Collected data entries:
BEGIN
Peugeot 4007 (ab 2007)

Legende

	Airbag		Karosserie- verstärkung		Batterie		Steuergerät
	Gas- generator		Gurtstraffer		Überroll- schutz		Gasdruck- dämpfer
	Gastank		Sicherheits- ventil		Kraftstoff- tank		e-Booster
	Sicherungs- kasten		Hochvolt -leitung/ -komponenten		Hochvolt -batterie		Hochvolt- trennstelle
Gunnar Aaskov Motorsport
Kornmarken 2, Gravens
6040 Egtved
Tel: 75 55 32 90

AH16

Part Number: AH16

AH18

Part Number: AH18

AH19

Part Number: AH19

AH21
END
BEGIN
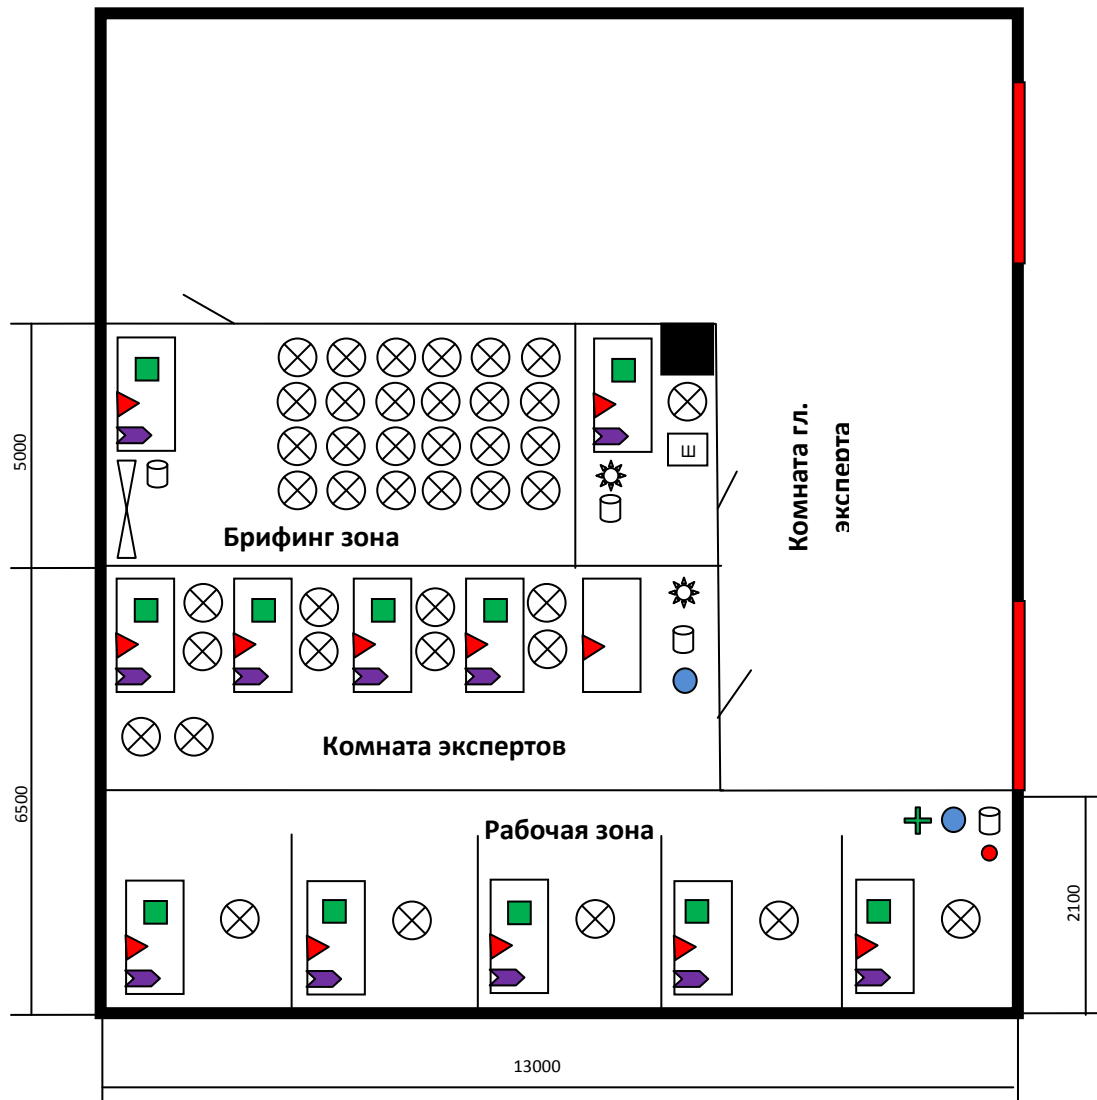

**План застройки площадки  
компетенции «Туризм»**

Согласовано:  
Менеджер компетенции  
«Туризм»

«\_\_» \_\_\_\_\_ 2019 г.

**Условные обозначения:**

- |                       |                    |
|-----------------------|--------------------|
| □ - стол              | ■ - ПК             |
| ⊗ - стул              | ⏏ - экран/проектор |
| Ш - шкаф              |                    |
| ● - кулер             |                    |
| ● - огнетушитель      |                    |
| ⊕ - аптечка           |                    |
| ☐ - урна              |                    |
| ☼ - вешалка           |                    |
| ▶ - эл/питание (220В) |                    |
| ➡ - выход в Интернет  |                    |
END
BEGIN
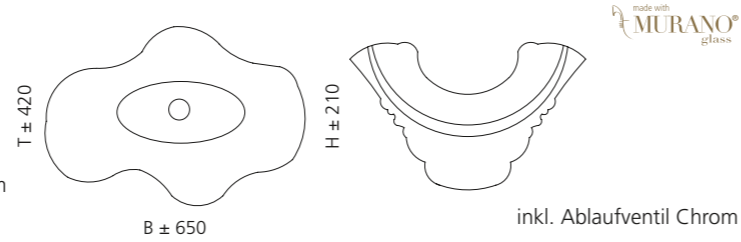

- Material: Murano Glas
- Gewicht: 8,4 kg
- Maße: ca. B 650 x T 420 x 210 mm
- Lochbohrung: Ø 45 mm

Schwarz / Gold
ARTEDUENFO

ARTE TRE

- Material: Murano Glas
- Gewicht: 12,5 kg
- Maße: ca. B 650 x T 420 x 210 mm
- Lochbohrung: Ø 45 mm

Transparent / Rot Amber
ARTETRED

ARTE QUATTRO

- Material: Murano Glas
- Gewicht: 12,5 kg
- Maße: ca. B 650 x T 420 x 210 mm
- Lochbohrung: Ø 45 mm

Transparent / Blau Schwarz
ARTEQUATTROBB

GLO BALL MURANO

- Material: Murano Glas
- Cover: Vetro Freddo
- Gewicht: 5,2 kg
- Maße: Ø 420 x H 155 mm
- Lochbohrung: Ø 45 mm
END
__Exercise__: How many lines in the records above contain the word "Transparent"? State that number and nothing more.

__Solution to the exercise__: 2